На руке, ясно различимые, виднелись следы от уколов шприцем, и Миллер нахмурился:

— Так она наркоманка?

Мюррей кивнул:

— Мои тесты показали, что она сделала инъекцию примерно двух гранов героина и одного грана кокаина примерно за полчаса до того, как умерла.

— А когда, по-вашему, это могло произойти?

— Давайте посмотрим. Вы вытащили ее из воды примерно перед шестью утра, так? Я полагаю, что она находилась в воде примерно пять часов.

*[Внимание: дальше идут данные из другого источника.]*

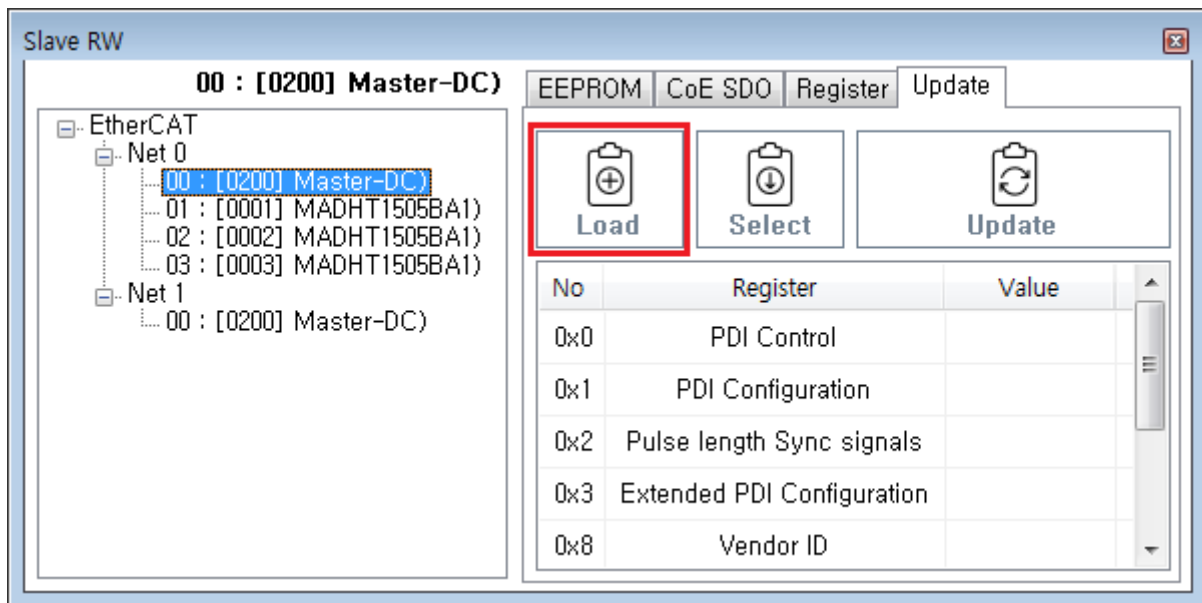

	1
Update	1

EEPROM Update

x EtherCAT Slave EEPROM Update

- ComiIDE Main - Tool II SlaveRW SlaveRW

- Update Update

Update

- SlaveList Update Slave MASTER-DC

- Load slave xml
- xml Slave List Slave

- Update

- Update Update .

- LogView Update .

Time	Channel	Code	Command	Info
17:11:47,389	Slave RW	100	<u>EepromUpload</u>	Success

From:

<http://comizoa.com/info/> - -

Permanent link:

<http://comizoa.com/info/doku.php?id=application:comiide:tool:slaverw:update&rev=1559016600>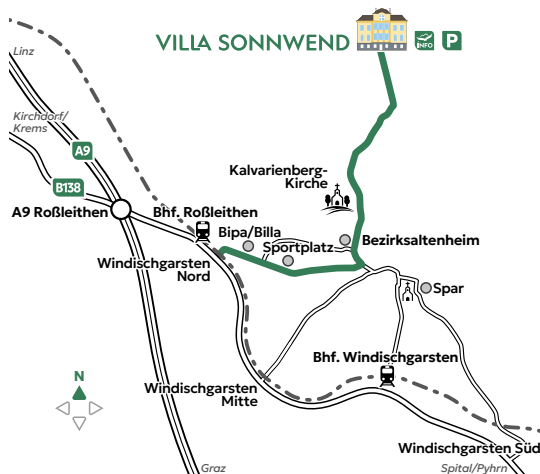

Ebenfalls über die Villa Sonnwend buchbar:

Hengstpaßhütte: Selbstversorgerhütte und Ausgangspunkt für Wander- & Radtouren (22 Betten).

Nationalpark WildnisCamp: Eine komfortable Oase in der Wildnis für Sommercamps, Seminare und Workshops (33 Schlafplätze). www.wildniscamp.at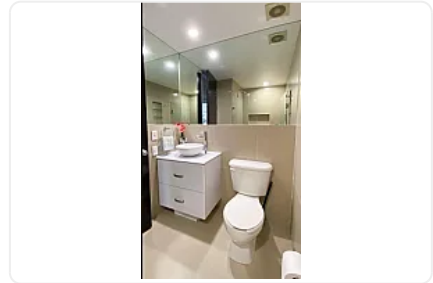

Departamento en Venta en Sta Cruz Atoyac, en 10 Mo Piso con Vista Increible SPA

**Venta: MXN \$
5,900,000.00**

SPA20, Santa Cruz Atoyac, Benito Juárez, Ciudad de México • ID 151

Descripción

ASESOR SAUL PICHARDO SPA20

Amplio departamento de 130 m² con excelente ubicación

Comodidad, funcionalidad y vistas privilegiadas desde el piso 10

3 recámaras bien distribuidas

2.5 baños con acabados modernos

Sala y comedor con gran iluminación natural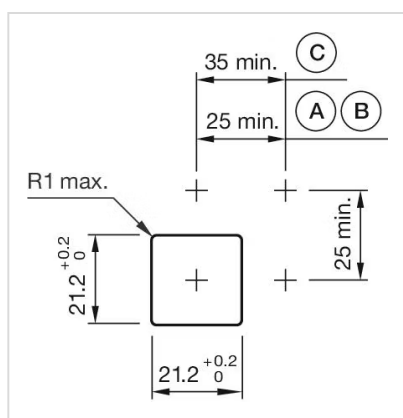

フロントベゼルセット

61-9936.0

<https://www.eao.com/component/61-9936.0/ja/fr...>

お客様の製品:

61-9936.0 フロントベゼルセット

前面

フロント寸法:	24 mm x 24 mm
フロント形状:	スクエア
フロントベゼル 色:	黒
フロントベゼル 材質:	プラスチック、UL 94 V0に準拠

取付け

取付け穴:	21 mm x 21 mm
取付けタイプ:	パネル実装

機械的特性

重量:	0.008 kg
-----	----------

認証

REACH:	REACH compliant
RoHS:	RoHS compliant

その他

簡単な説明:	フロントベゼルセット, 24 mm x 24 mm, 黒, プラスチック、UL 94 V0に準拠
寸法:	24 mm x 24 mm
製品属性:	セレクタースイッチ用
マウントカットアウト:	

- A = はんだ/プラグイン端子 2.8 mm x 0.5 mm
- B = 半田端子接続
- C = ねじ端子接続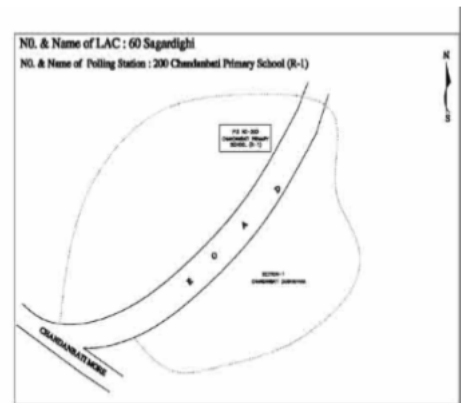

Cad View

Key MAP View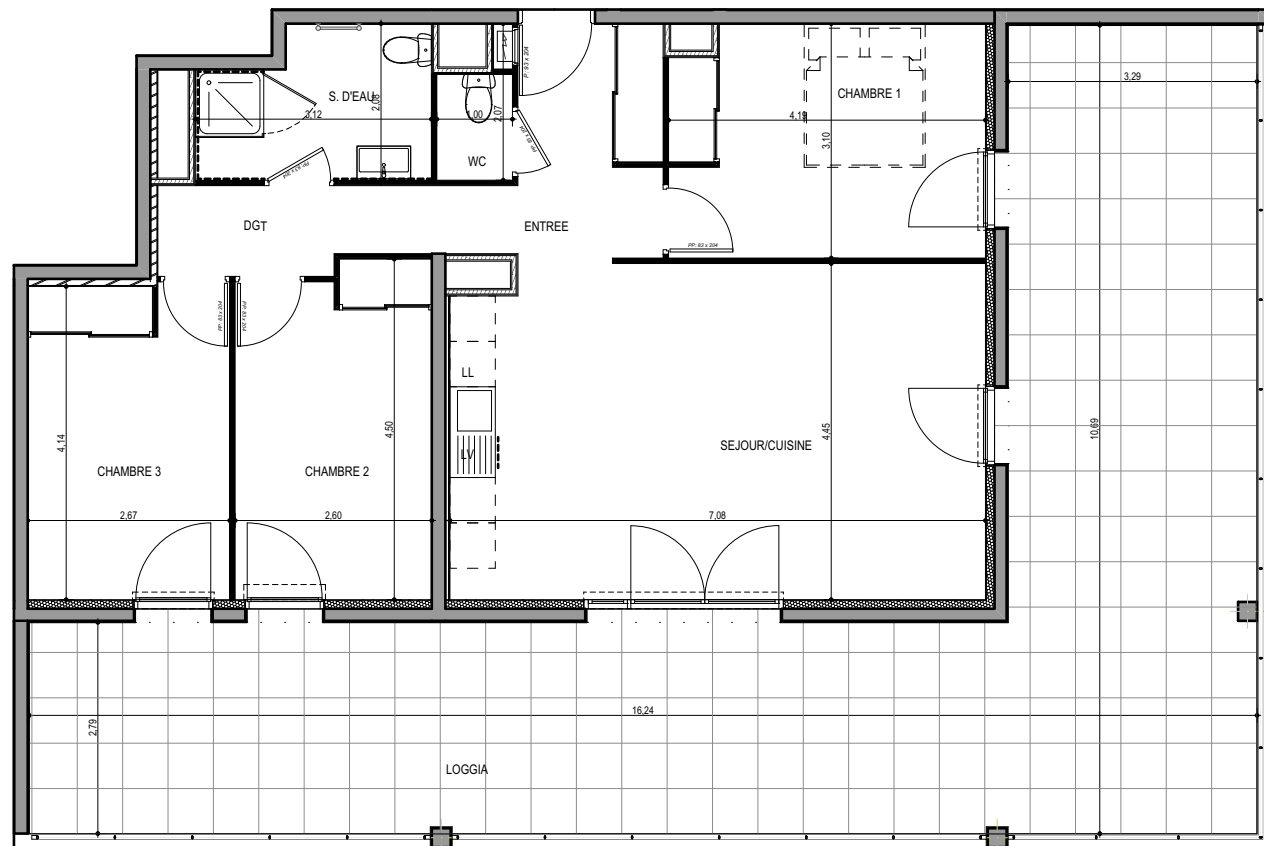

"LES TERRASSES DU STILETTO" - Bâtiment C2

Chemin du Stiletto - AJACCIO

Appartement: C2-43

R+4

T4

Surfaces habitables

Entrée	5.65 m ²
Séjour - Cuisine	31.35 m ²
Chambre 1	12.55 m ²
Chambre 2	11.20 m ²
Chambre 3	10.95 m ²
Salle de bain	5.75 m ²
WC	1.40 m ²
Dégagement	5.00 m ²
TOTAL	83.85 m²
Loggia	72.40 m ²

17 / 09 / 2021

PLAN DE VENTE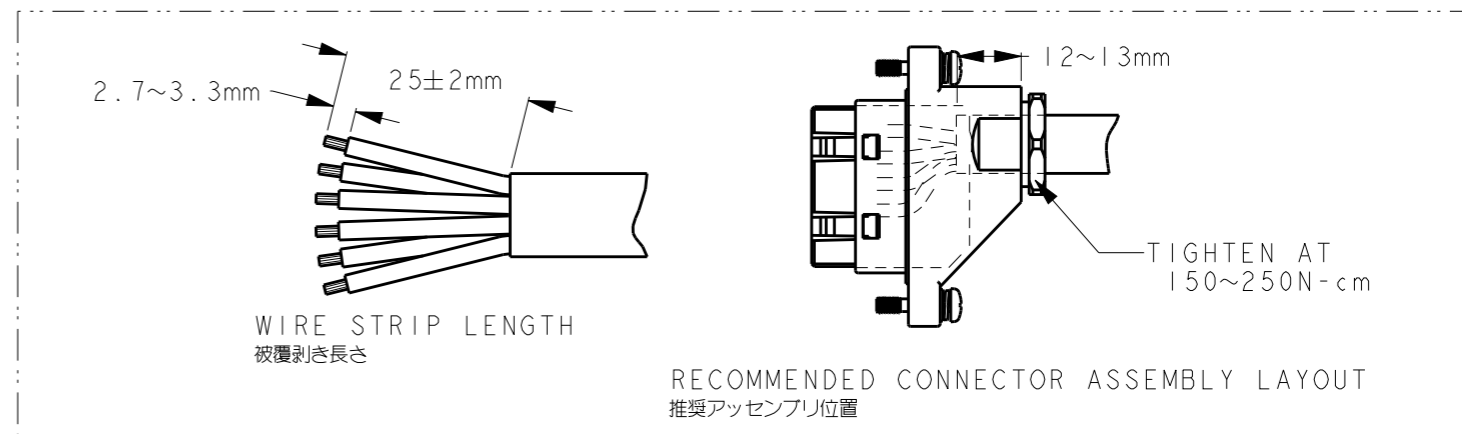

2	2	STEEL, Ni PL 鋼, ニッケルめっき	M3 SCREW M3スクリュー	9
6	//	COPPER ALLOY 銅合金	REC. CONTACT リセクタクル・コンタクト	8
1	1	NBR ニトリルゴム	CASE PACKING ケース・パッキン	7
1	1	POLYACETAL RESIN ポリアセタール樹脂	WIRE CLAMP ワイヤー・クランプ	6
1	1	NBR (BLUE) ニトリルゴム (青)	WIRE RUBBER PACKING (APPLICABLE CABLE RANGE: Φ9.2~9.9mm) ワイヤー・ラバー・パッキン (ケーブル適用径: Φ9.2~9.9mm)	5
1	1	NBR (BLACK) ニトリルゴム (黒)	WIRE RUBBER PACKING (APPLICABLE CABLE RANGE: Φ9.2~11.4mm) ワイヤー・ラバー・パッキン (ケーブル適用径: Φ9.9~11.4mm)	4
1	1	BRASS, Ni PL 黄銅, ニッケルめっき	WIRE FIXED SET SCREW ワイヤー・フィックスド・セット・スクリュー	3
1	1	POLYESTER RESIN/BRASS ポリエステル樹脂/黄銅	REC. CASE リセクタクル・ケース	2
1	1	POLYESTER RESIN ポリエステル樹脂	INNER REC. HSG. インナー・リセクタクル・ハウジング	1
-2	-1	MATERIAL FINISH 材質 仕上げ	NAME 名称	ITEM NO

THIS DRAWING IS A CONTROLLED DOCUMENT.

DIMENSIONS:	TOLERANCES UNLESS OTHERWISE SPECIFIED:
mm	0 PLC ± 1 PLC ± 2 PLC ±0.3 3 PLC ± 4 PLC ± ANGLES ±
MATERIAL	FINISH
-	-

DWN	T. SAMI	10APR2001
CHK	S. MANABE	10APR2001
APVD	S. MANABE	10APR2001
PRODUCT SPEC	108-5743	
APPLICATION SPEC	114-5303	
WEIGHT	-	
CUSTOMER DRAWING		

**TE** TE Connectivity

NAME  
REC. KIT  
NEW MOTOR CONN.  
リセクタクル・キット、ニュー・モータ・コネクタ

SIZE	CAGE CODE	DRAWING NO	RESTRICTED TO
A3	00779	C=1473063	-

SCALE 1:1 SHEET OF REV T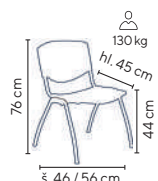

pistaciová

VINCENZA N

od **629,-**

Nakupte Online!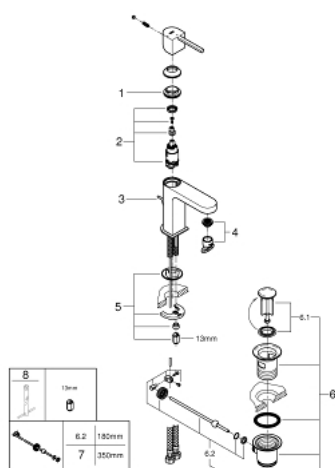

## 23 870 003 GROHE PLUS СМЕСИТЕЛ ЗА УМИВАЛНИК 1/2", ЕДНОРЪКОХВАТКОВ, S-РАЗМЕР

### PRODUCT DESCRIPTION

- Colour: хром
- Еднодупков монтаж
- Метална ръкохватка
- GROHE SilkMove 28 mm керамичен картуш
- EcoMode - cold water flow in mid-lever position saves energy
- С температурен ограничител
- GROHE LongLife хромирано покритие
- GROHE EcoJoy - технология за намаляване разхода на вода
- максимален дебит (при 3 bar): 5 l/min
- GROHE AquaGuide-регулируем аератор
- GROHE FastFixation Plus - система за бърз монтаж
- Изпразнител 1 1/4"
- Меки връзки

### SPARE PARTS, август 2018 – now

- 1: Fitting ring (Spare part-nr. 07419000)
- 2: Картуш (Spare part-nr. 46580000)
- 3: Активиращ прът (Spare part-nr. 46739000)
- 4: Аератор (Spare part-nr. 48449000)
- 5: Комплект за монтиране на болтове (Spare part-nr. 46645000)
- 6: Изпразнител 3/4" (Spare part-nr. 28910000)
- 6.1: Тапа за отточен сифон (Spare part-nr. 07182000)
- 6.2: Прът ексцентрик (Spare part-nr. 07052000)
- 7: Прът ексцентрик (Spare part-nr. 07341000)\*
- 8: Ключ за монтаж (Spare part-nr. 19017000)\*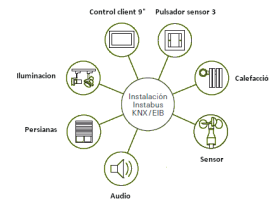

Ventajas del sistema Instabus KNX/EIB

Casi cualquier función se puede llevar a cabo. La gran ventaja de una instalación Instabus KNX/ EIB: el sistema se puede modificar y desmontar en cualquier momento sin ruidos ni suciedad. Si se desea añadir funciones nuevas u otras, se puede programar con facilidad.

— Значит, смерть наступила в час ночи?

— Или около того. Здесь нельзя сказать совершенно точно. Была такая холодная ночь.

— Что нибудь еще?

— Ну что я могу вам сказать? Ей около девятнадцати, хорошо воспитана, росла в более чем комфортных условиях.

— Она девственница?

— Совсем нет — беременна на втором месяце. — Он покачал головой и сухо добавил: — Эта молодая женщина была весьма опытна в сексуальном отношении.

— А что насчет одежды?

— Приходил парень из отдела судебной медицины, забрал все ее вещи. Кроме того, соскобы из-под ногтей, образцы волос и всякое такое.

Миллер обошел стол и нерешительно приподнял край резинового покрывала. Мюррей уже прикрыл ей глаза, и поэтому она выглядела спокойной и умиротворенной, кожа лица была гладкой и бесцветной. Со скорбным выражением сержант осторожно прикрыл ее лицо.

— Мне кажется, ей пришлось много выстрадать. Слишком много для такой молодой девушки, — заметил профессор.

Миллер кивнул, не в силах произнести ни слова. В горле у него снова появилась странная сухость, и он поспешно отвернулся. Когда он подошел к двери, Мюррей тихо окликнул его:

— Ник!

Миллер обернулся.

— Держи меня в курсе!

— Постараюсь, — ответил он, и обитая резиной дверь тихо закрылась за ним.

Выйдя на улицу, в неярком утреннем солнечном свете сержант увидел Джека Брэди, который шел навстречу ему, пересекая площадку для парковки машин.

— Гранту показалось, что вам может потребоваться помощь. Они уже закончили вскрытие?

Миллер кивнул:

— Мюррей сказал, что она попала в воду примерно в час ночи. Кстати, она беременна.

Брэди спокойно воспринял это:

— А еще что?

— Она наркоманка. Героин и кокаин.

— Это может дать нам зацепку. — Брэди достал из кармана пальто желтый конверт. — Я связался с отделом судебной медицины. Они дадут отчет к полудню. А вот это от фотографов.

Миллер открыл конверт и начал рассматривать фотографии. Девушка смотрела с них как живая. Парни из фотоотдела знали свое дело. Ее успели снять до того, как Мюррей прикрыл ей глаза.

Брэди тоже взял одну фотографию и нахмурился:

— Какая жалость! Она выглядит как хорошенький ребенок!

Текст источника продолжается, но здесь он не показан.